Green Energy Group (Seabird Exploration Plc): Prospectus approval

Green Energy Group (Seabird Exploration Plc): Prospectus approval

NOT FOR RELEASE, PUBLICATION OR DISTRIBUTION, IN WHOLE OR IN PART, DIRECTLY OR INDIRECTLY, IN AUSTRALIA, CANADA, JAPAN OR THE UNITED STATES OR ANY OTHER JURISDICTION IN WHICH THE RELEASE, PUBLICATION OR DISTRIBUTION WOULD BE UNLAWFUL.

Green Energy Group (SBX Plc): Prospectus approval (Oslo, 18 November 2021)

Reference is made to the stock exchange release from Green Energy Group (SBX Plc) (the “Company”) published on 30 June and 1 July 2021 regarding the successful completion of a private placement of 7,000,000 new shares in the Company (the “Private Placement”) and the subsequent repair offering of up to 1,750,000 new shares in the Company (the “Subsequent Offering”).

The Norwegian Financial Supervisory Authority has approved the prospectus of the Company dated 18 November 2021 (the “Prospectus”) related to the Subsequent Offering and listing of the shares issued in the Private Placement.

On November 18th the price of the Company`s listed shares closed at a premium of 14% to the Offer Price. The Board of Directors has therefore resolved to carry through the Subsequent Offering to the benefit of the Eligible Shareholders. The subscription period in the Subsequent Offering is due to commence on 22 November 2021 at 09:00 CET and end on 6 December 2021 at 16:30 CET (the “Subscription Period”). The subscription price in the Subsequent Offering is NOK 4.50 per Offer Share, which is equal to the subscription price in the Private Placement.

Eligible Shareholders (as defined in the Prospectus) will be granted 0.0649 Subscription Rights for each share held. Each Subscription Right will give the right to subscribe for one (1) Offer Share rounded down to the nearest whole share. The Subscription Rights will not be tradable or listed on the Oslo Stock Exchange. Oversubscription is permitted. There can be no assurance that shares will be available for allocation due to oversubscription. Subscription for unsubscribed shares without Subscription Rights will be permitted.

Instructions regarding the subscription procedure is available in the Prospectus. Subscription Rights not used to subscribe for Offer Shares prior to 16:30 CET on 6 December 2021 will lapse without compensation to the holder and consequently be of no value.

The Prospectus can be obtained electronically by downloading it from www.greenenergygroup.no, and www.fearnleysecurities.com (from 22 November 2021), or by contacting Fearnley Securities AS (the “Manager”).

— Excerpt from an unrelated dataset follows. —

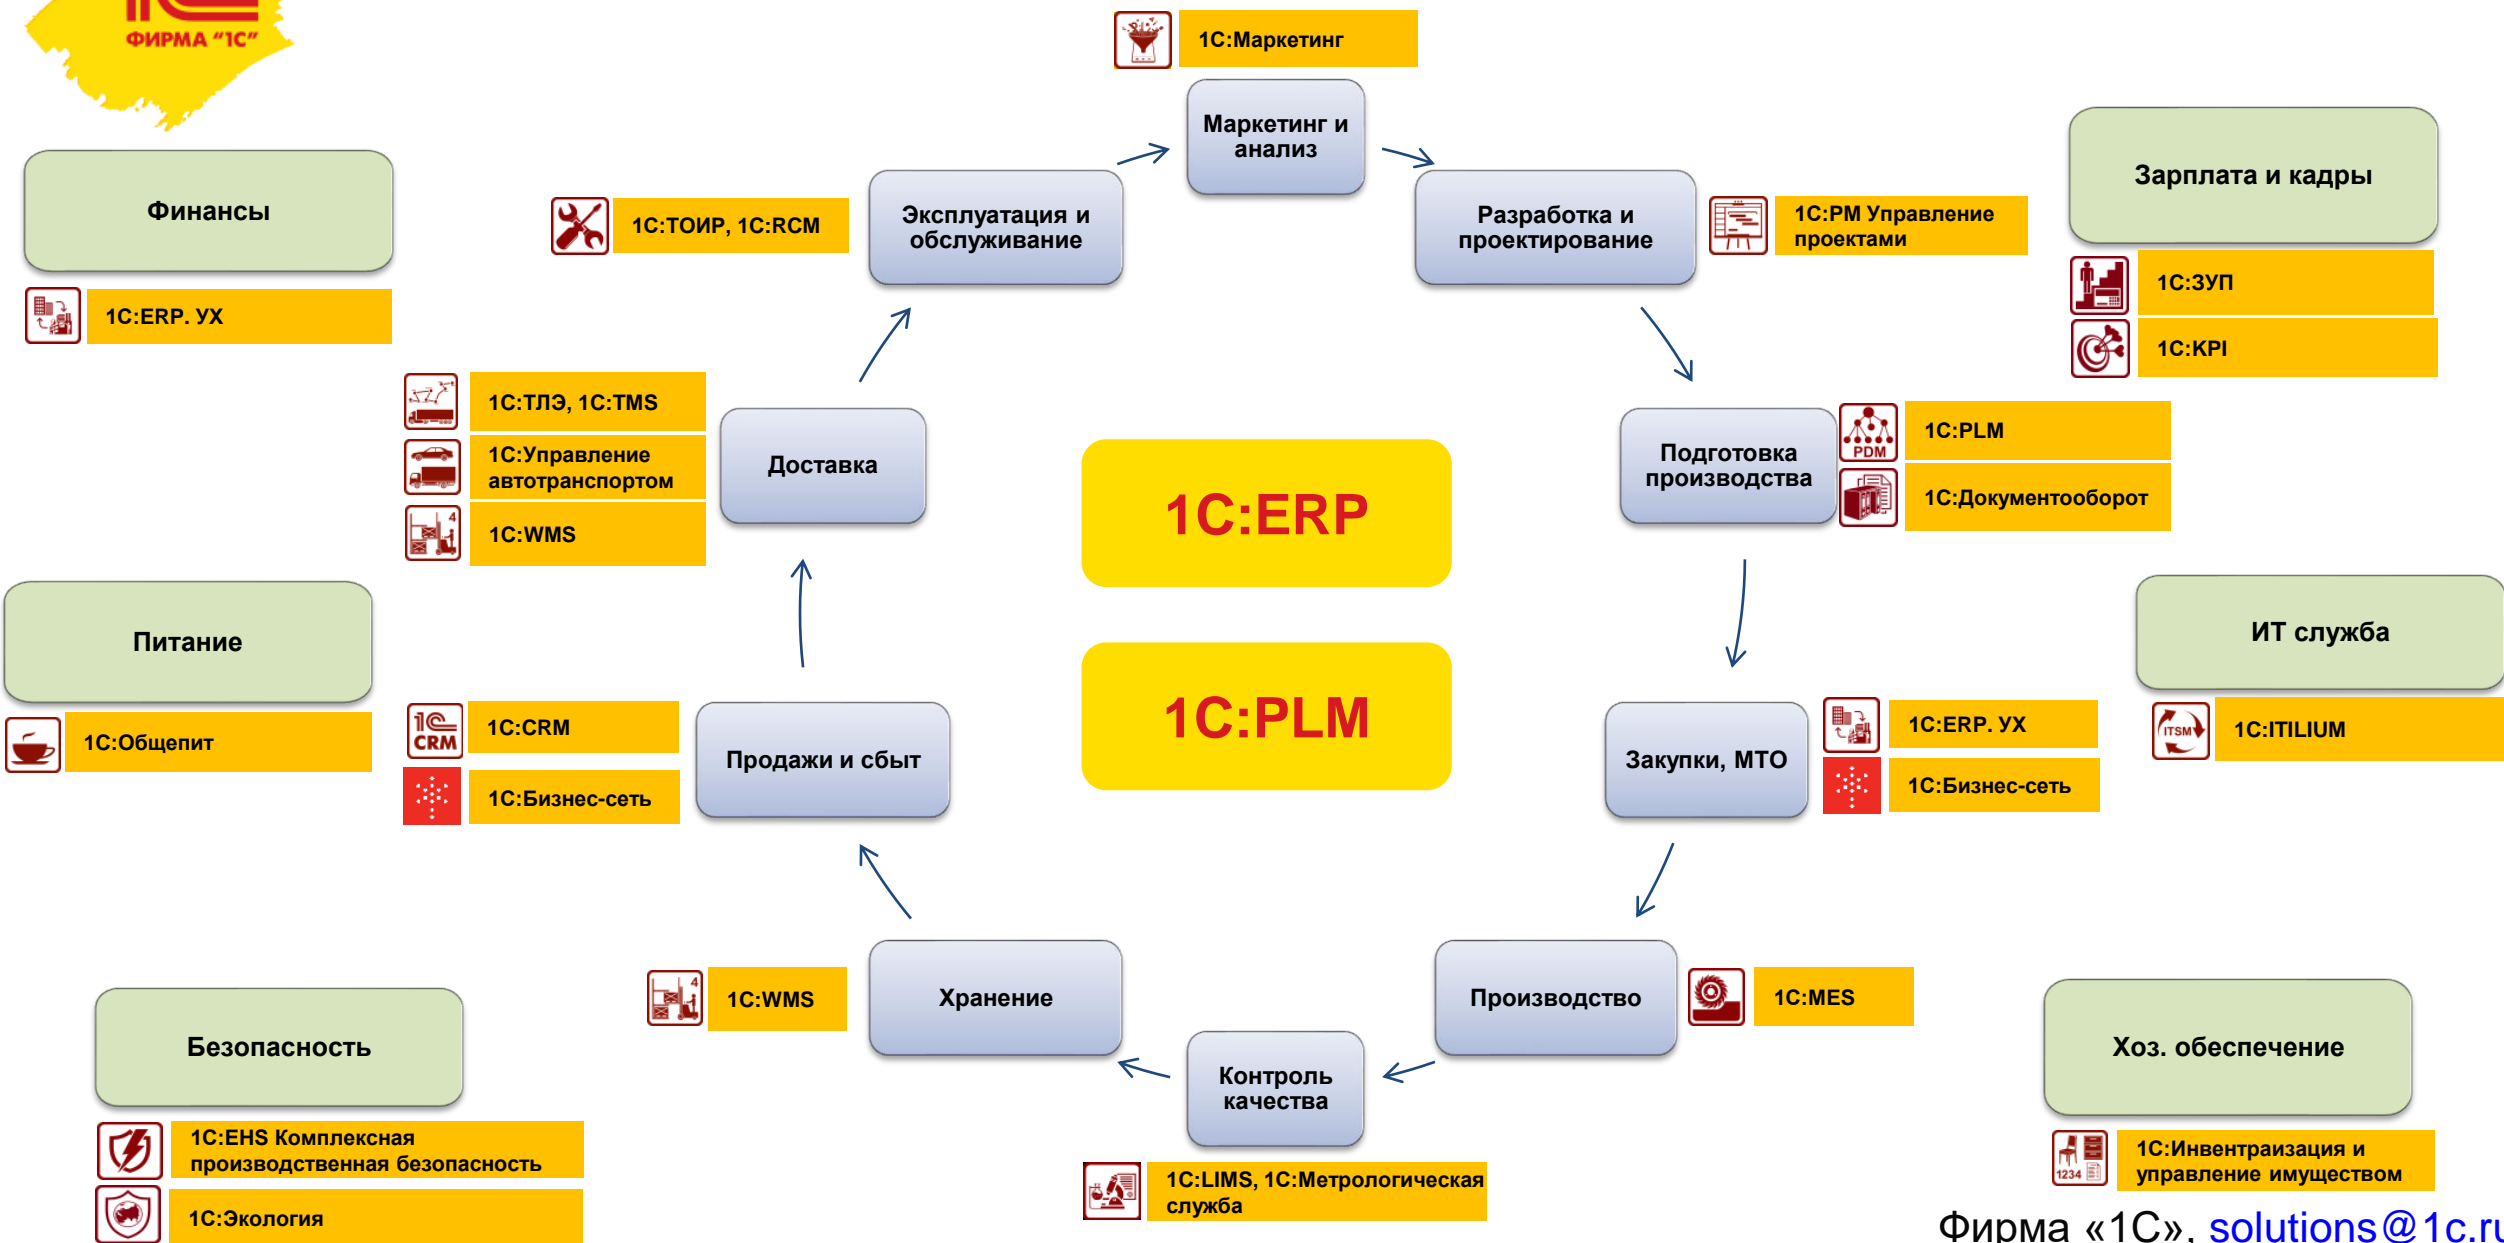

Дискретное производство

For additional information, please contact:
Erik von Krogh, CFO, +47 930 38 075

Important information:

The release is not for publication or distribution, in whole or in part directly or indirectly, in or into Australia, Canada, Japan or the United States (including its territories and possessions, any state of the United States and the District of Columbia).

This release is an announcement issued pursuant to legal information obligations, and is subject of the disclosure requirements pursuant to section 5 -12 of the Norwegian Securities Trading Act. It is issued for information purposes only, and does not constitute or form part of any offer or solicitation to purchase or subscribe for securities, in the United States or in any other jurisdiction. The securities mentioned herein have not been, and will not be, registered under the United States Securities Act of 1933, as amended (the “Securities Act”). The securities may not be offered or sold in the United States except pursuant to an exemption from the registration requirements of the Securities Act. The Company does not intend to register any portion of the offering of the securities in the United States or to conduct a public offering of the securities in the United States. Copies of this announcement are not being made and may not be distributed or sent into Australia, Canada, Japan or the United States. The issue, exercise, purchase or sale of subscription rights and the subscription or purchase of shares in the Company are subject to specific legal or regulatory restrictions in certain jurisdictions. Neither the Company nor the Managers assume any responsibility in the event there is a violation by any person of such restrictions. The distribution of this release may in certain jurisdictions be restricted by law. Persons into whose possession this release comes should inform themselves about and observe any such restrictions.

Any failure to comply with these restrictions may constitute a violation of the securities laws of any such jurisdiction.